- **Exercise instructions**
Write out each entry below exactly; the images do not belong in your copy.

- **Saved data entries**

--- START ---

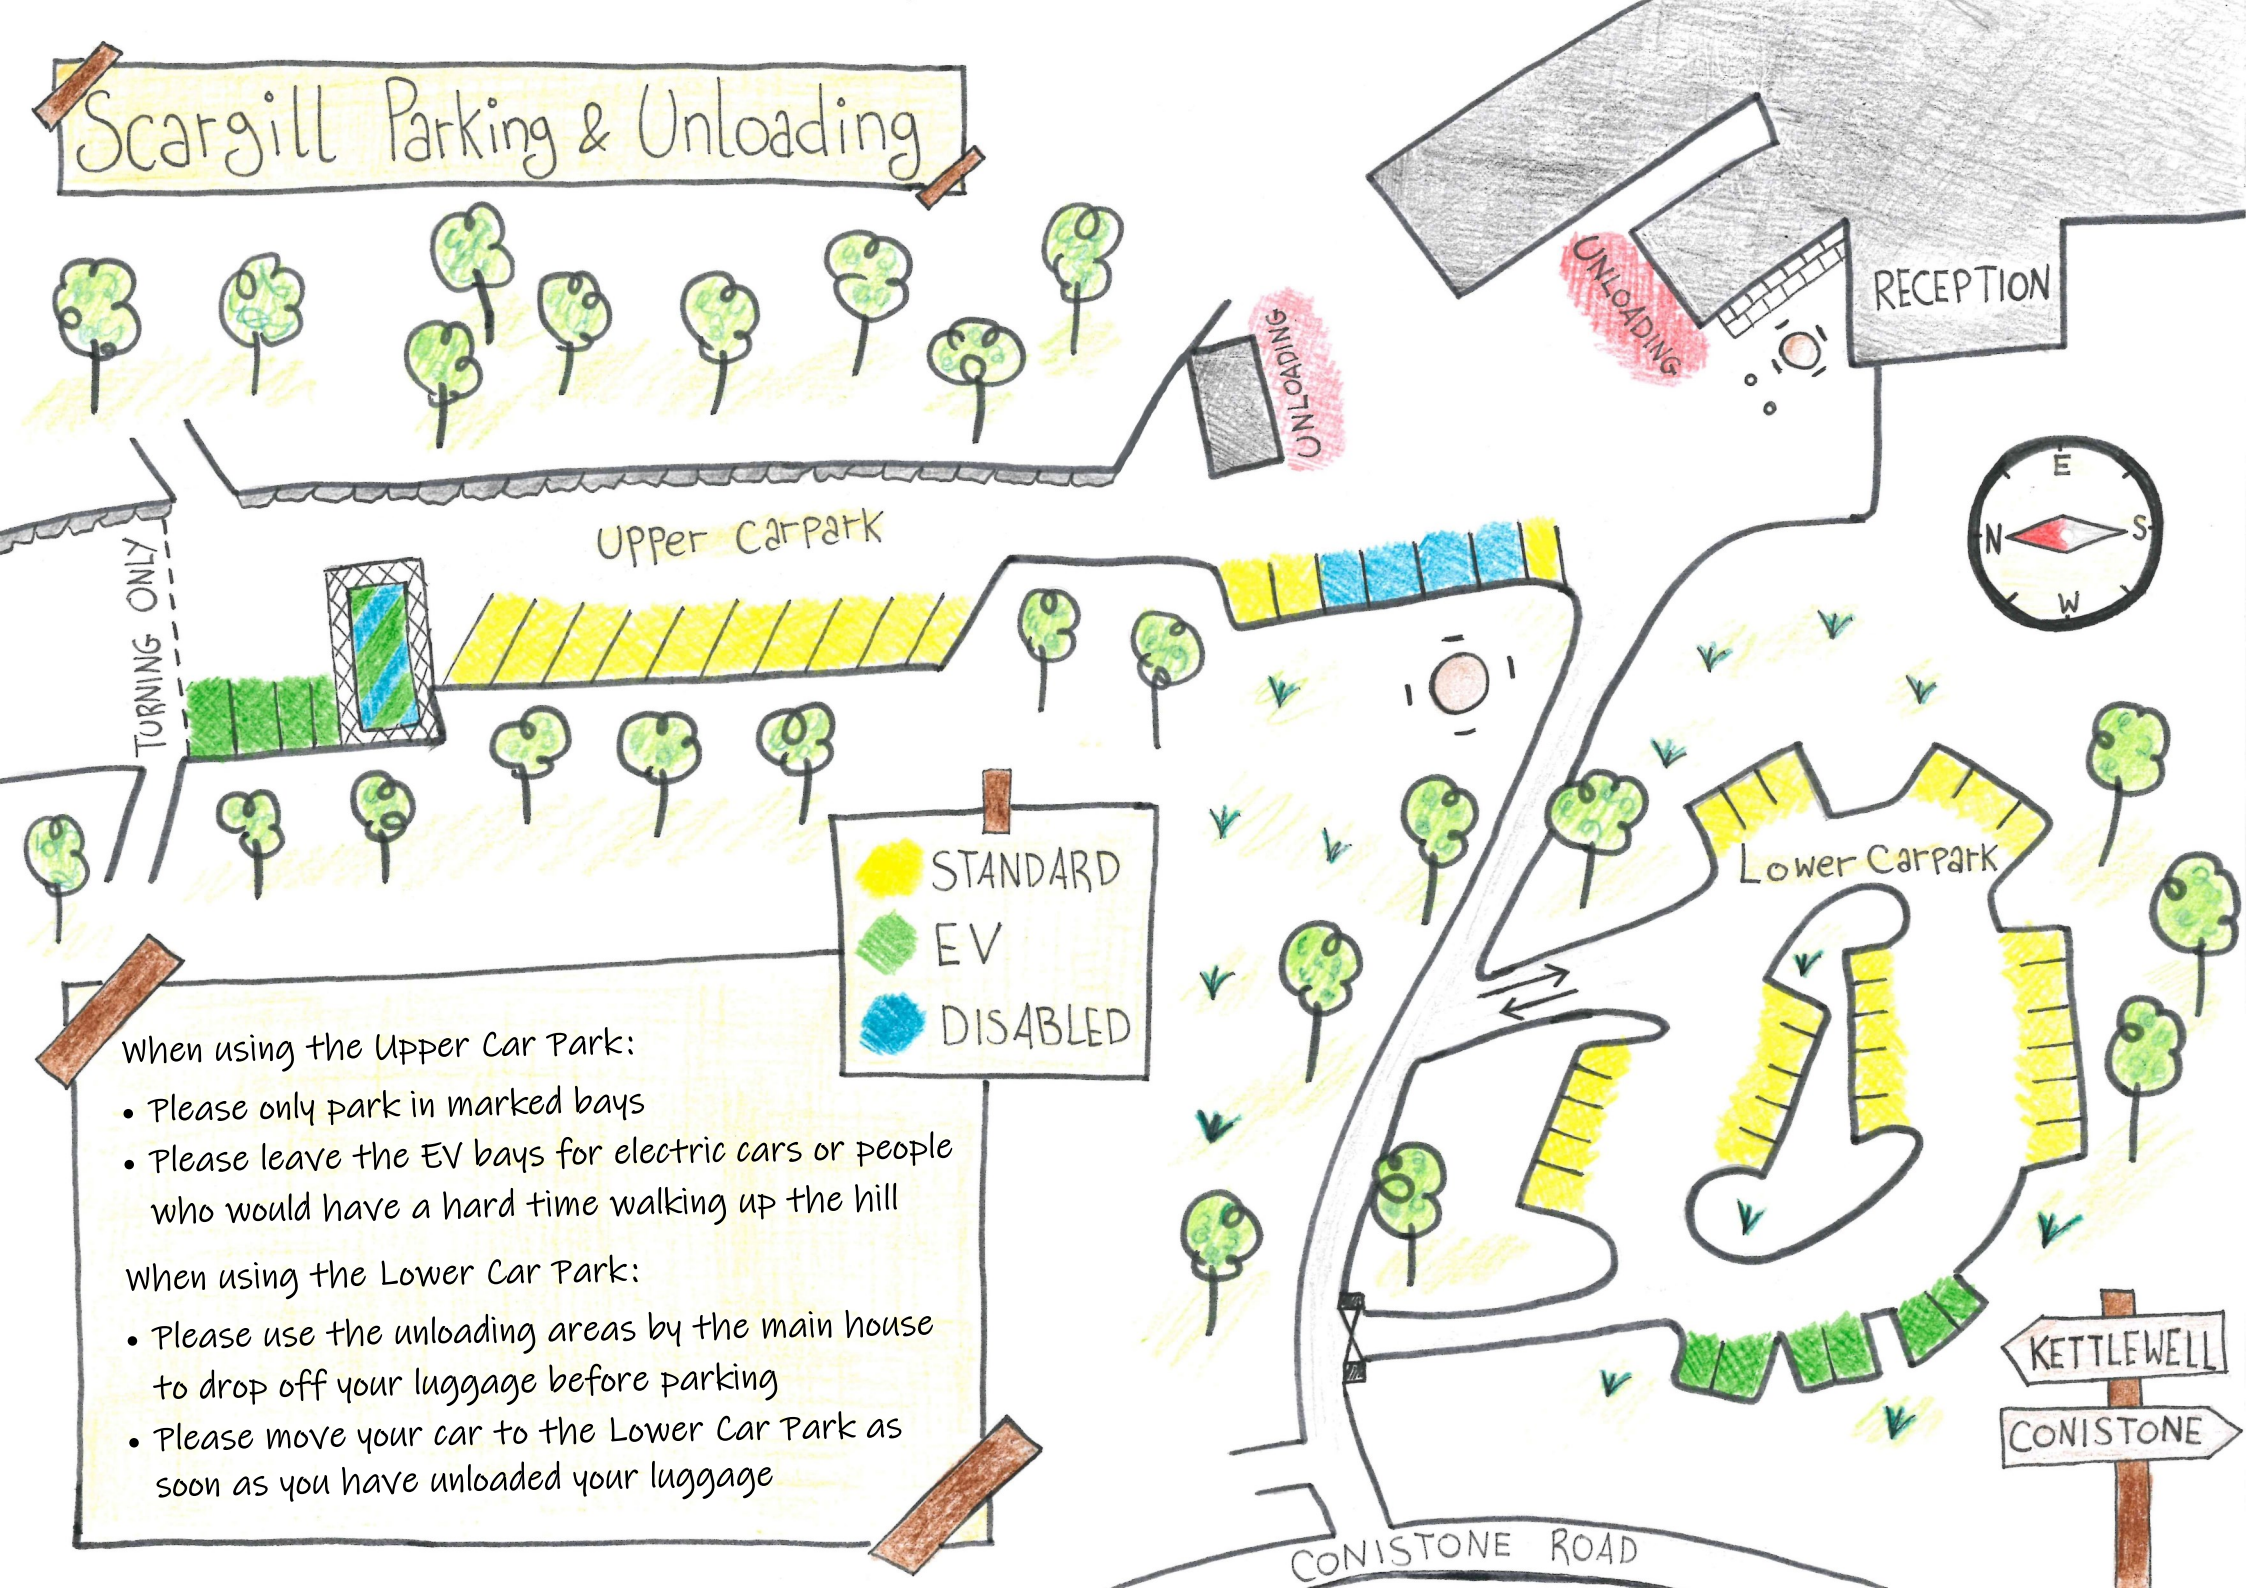

## When using the Upper Car Park:

- Please only park in marked bays
- Please leave the EV bays for electric cars or people who would have a hard time walking up the hill

## When using the Lower Car Park:

- Please use the unloading areas by the main house to drop off your luggage before parking
- Please move your car to the Lower Car Park as soon as you have unloaded your luggage

STANDARD  
EV  
DISABLED

CONISTONE ROAD
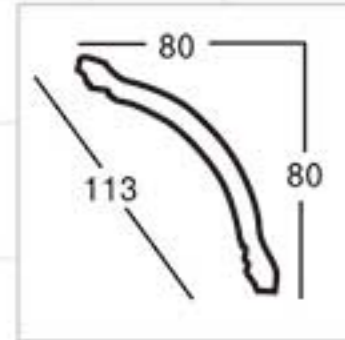

Color Effect

Color Effect

Color Effect

Color Effect

GA-81039-80 Gold with Silver  
 Breadth:114mm  
 Pattern:200mm  
 Length□2400mm

GA-81039-80 Off white  
 Breadth:114mm  
 Pattern:200mm  
 Length□2400mm

Color Effect

Color Effect

GA-81088-100 Gold with Silver  
 Breadth:133mm  
 Pattern:100mm  
 Length□2400mm

GA-81088-100 Off white  
 Breadth:133mm  
 Pattern:100mm  
 Length□2400mm

Color Effect

Color Effect

GA-81004  
Length □ 2400mm  
Breath: 79mm  
Pattern: 10mm

GA-81040-85  
Length □ 2400mm  
Breath: 117mm  
Pattern: 122mm

GA-81009  
Length □ 2400mm  
Breath: 113mm  
Pattern: 485mm

GA-81043  
Length □ 2400mm  
Breath: 100mm  
Pattern: 143mm

GA-81037-80  
Length □ 2400mm  
Breath: 109mm  
Pattern: 120mm

Champagne Gold

GA-81069  
Length □ 2400mm  
Breadth: 128mm  
Pattern: 144mm

Famille rose

GA-81071  
Length □ 2400mm  
Breadth: 145mm  
Pattern: 77mm

Hand Painting Silver

GA-81083  
Length □ 2400mm  
Breadth: 126mm  
Pattern: 122mm
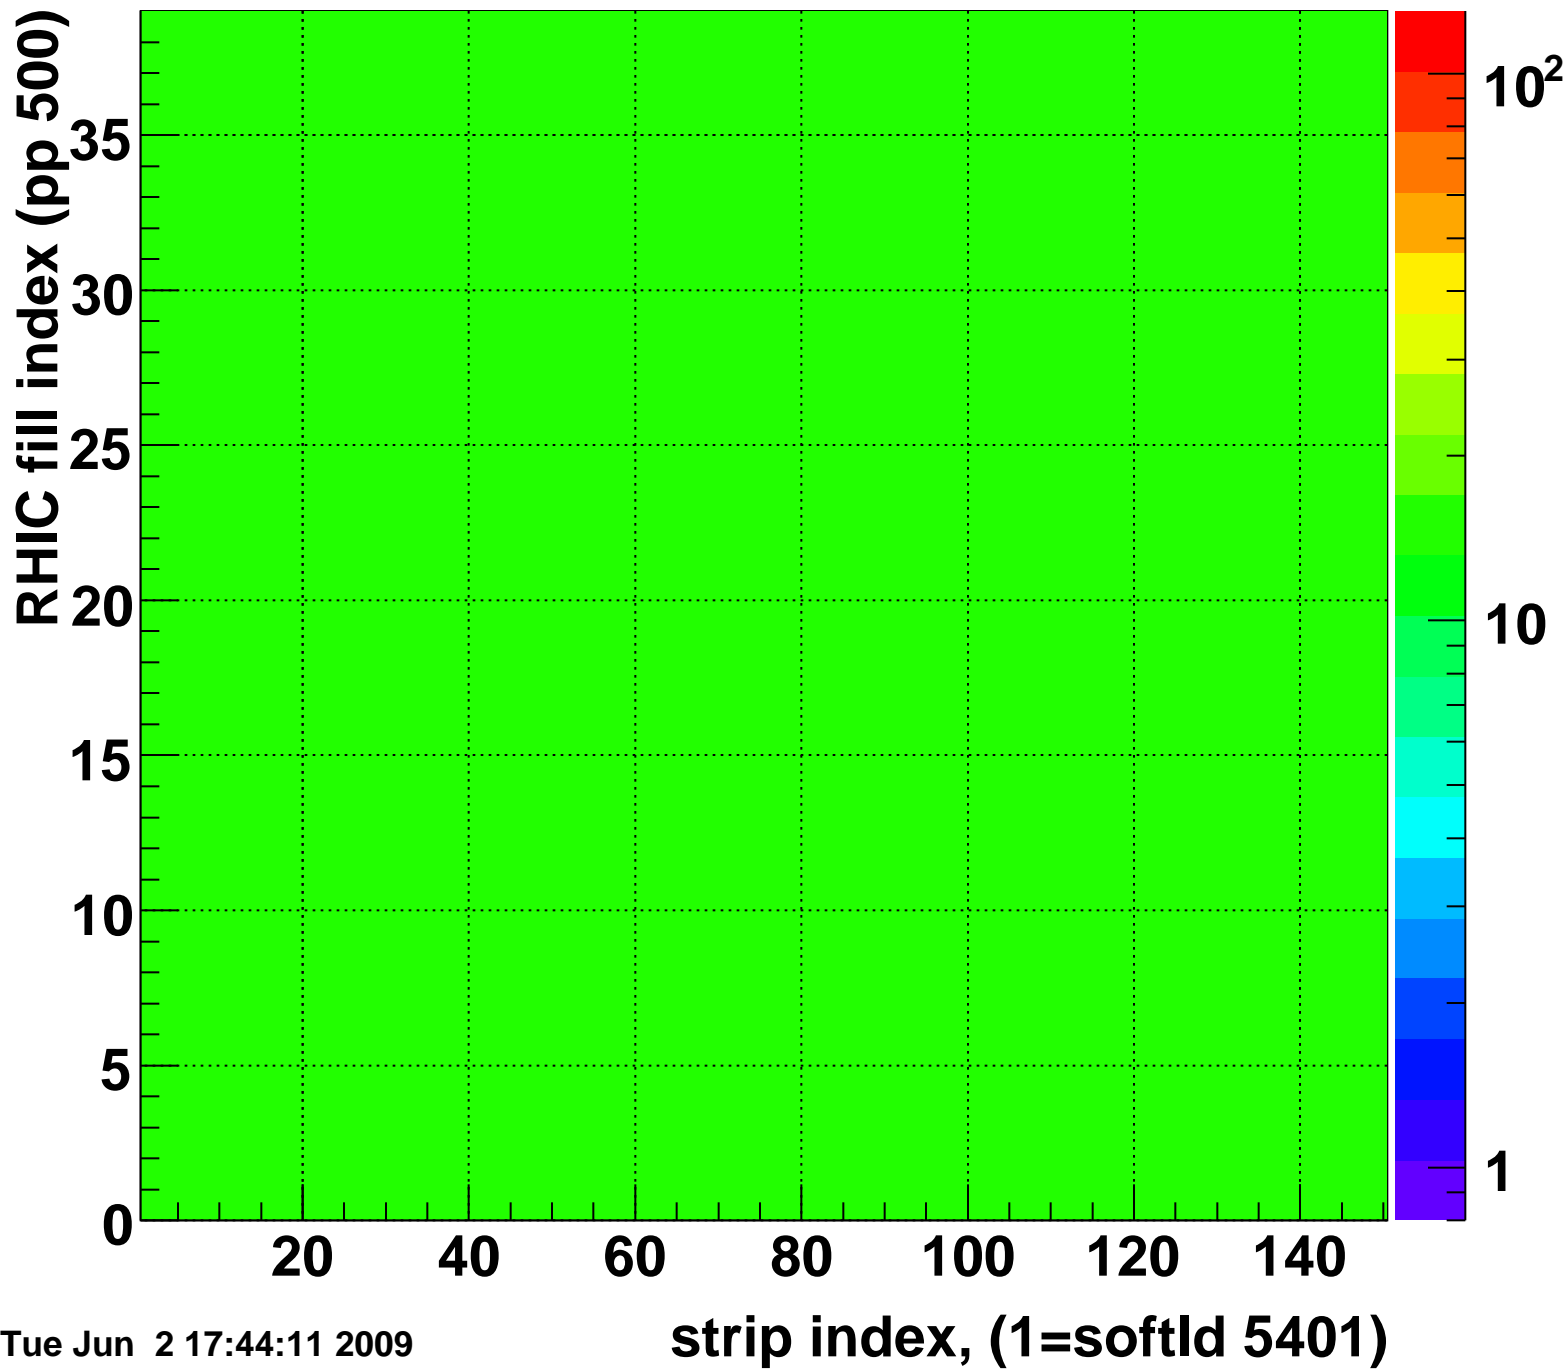

Mpv of ped residuum (ADC), BSMDE mod=37, good strips

Entries 0

Tue Jun 2 17:44:11 2009

Rms of ped residuum (ADC), BSMDE mod=37, good strips

Entries 0

Tue Jun 2 17:44:11 2009

Bad strips (color=error bits), BSMDE mod=37

Entries 5850

Tue Jun 2 17:44:11 2009

Mpv of ped residuum (ADC), BSMDP mod=37, good strips

Entries 0

Tue Jun 2 17:44:11 2009

Rms of ped residuum (ADC), BSMDP mod=37, good strips

Entries 1097

Tue Jun 2 17:44:12 2009

Bad strips (color=error bits), BSMDE mod=37

Entries 4753

Tue Jun 2 17:44:12 2009
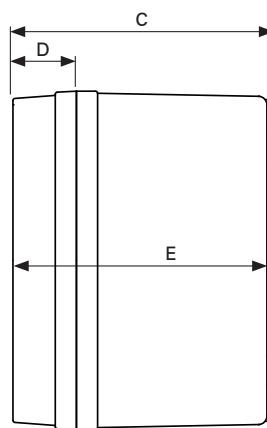

ACCESSORIES

Product	Description	Part Number	Dimensions (mm)																																
			Height	Width	Thick	PS110804 (/T)	PS060505	PS160805 (/T)	PS080806	PS110807 (/T)	PS180807 (/T)	PS121207 (/T)	PS171207 (/T)	PS201507 (/T)	PS251707 (/T)	PS130808 (/T)	PS250808 (/T)	PS160809 (/T)	PS202009 (/T)	PS121210 (/T)	PS171210 (/T)	PS171710 (/T)	PS201510 (/T)	PS251510 (/T)	PS251710 (/T)	PS171712 (/T)	PS201513 (/T)	PS202013 (/T)	PS251513 (/T)						
Mounting pan	Insulated	PS1108/I	96	68	3.5	•																													
		PS1212/I	111	111	3.5							•								•															
		PS1308/I	116	68	3.5																														
		PS1712/I	161	111	3.5																														
		PS1717/I	161	161	3.5																														
		PS1808/I	165	68	3.5																														
		PS2015/I	186	136	3.5																														
		PS2020/I	186	186	3.5																														
		PS2508/I	235	68	3.5																														
		PS2515/I	235	136	3.5																														
		PS2517/I	235	156	3.5																														

TECHNICAL DRAWINGS

Side View

--- END ---

- **Finished task**
## When using the Upper Car Park:

- Please only park in marked bays
- Please leave the EV bays for electric cars or people who would have a hard time walking up the hill

## When using the Lower Car Park:

- Please use the unloading areas by the main house to drop off your luggage before parking
- Please move your car to the Lower Car Park as soon as you have unloaded your luggage

STANDARD  
EV  
DISABLED

CONISTONE ROAD

Color Effect

Color Effect

Color Effect

Color Effect

GA-81039-80 Gold with Silver  
 Breadth:114mm  
 Pattern:200mm  
 Length□2400mm

GA-81039-80 Off white  
 Breadth:114mm  
 Pattern:200mm  
 Length□2400mm

Color Effect

Color Effect

GA-81088-100 Gold with Silver  
 Breadth:133mm  
 Pattern:100mm  
 Length□2400mm

GA-81088-100 Off white  
 Breadth:133mm  
 Pattern:100mm  
 Length□2400mm

Color Effect

Color Effect

GA-81004  
Length □ 2400mm  
Breath: 79mm  
Pattern: 10mm

GA-81040-85  
Length □ 2400mm  
Breath: 117mm  
Pattern: 122mm

GA-81009  
Length □ 2400mm  
Breath: 113mm  
Pattern: 485mm

GA-81043  
Length □ 2400mm  
Breath: 100mm  
Pattern: 143mm

GA-81037-80  
Length □ 2400mm  
Breath: 109mm  
Pattern: 120mm

Champagne Gold

GA-81069  
Length □ 2400mm  
Breadth: 128mm  
Pattern: 144mm

Famille rose

GA-81071  
Length □ 2400mm  
Breadth: 145mm  
Pattern: 77mm

Hand Painting Silver

GA-81083  
Length □ 2400mm  
Breadth: 126mm  
Pattern: 122mm

Mpv of ped residuum (ADC), BSMDE mod=37, good strips

Entries 0

Tue Jun 2 17:44:11 2009

Rms of ped residuum (ADC), BSMDE mod=37, good strips

Entries 0

Tue Jun 2 17:44:11 2009

Bad strips (color=error bits), BSMDE mod=37

Entries 5850

Tue Jun 2 17:44:11 2009

Mpv of ped residuum (ADC), BSMDP mod=37, good strips

Entries 0

Tue Jun 2 17:44:11 2009

Rms of ped residuum (ADC), BSMDP mod=37, good strips

Entries 1097

Tue Jun 2 17:44:12 2009

Bad strips (color=error bits), BSMDE mod=37

Entries 4753

Tue Jun 2 17:44:12 2009

ACCESSORIES

Product	Description	Part Number	Dimensions (mm)																																
			Height	Width	Thick	PS110804 (/T)	PS060505	PS160805 (/T)	PS080806	PS110807 (/T)	PS180807 (/T)	PS121207 (/T)	PS171207 (/T)	PS201507 (/T)	PS251707 (/T)	PS130808 (/T)	PS250808 (/T)	PS160809 (/T)	PS202009 (/T)	PS121210 (/T)	PS171210 (/T)	PS171710 (/T)	PS201510 (/T)	PS251510 (/T)	PS251710 (/T)	PS171712 (/T)	PS201513 (/T)	PS202013 (/T)	PS251513 (/T)						
Mounting pan	Insulated	PS1108/I	96	68	3.5	•																													
		PS1212/I	111	111	3.5							•								•															
		PS1308/I	116	68	3.5																														
		PS1712/I	161	111	3.5																														
		PS1717/I	161	161	3.5																														
		PS1808/I	165	68	3.5																														
		PS2015/I	186	136	3.5																														
		PS2020/I	186	186	3.5																														
		PS2508/I	235	68	3.5																														
		PS2515/I	235	136	3.5																														
		PS2517/I	235	156	3.5																														

TECHNICAL DRAWINGS

Side View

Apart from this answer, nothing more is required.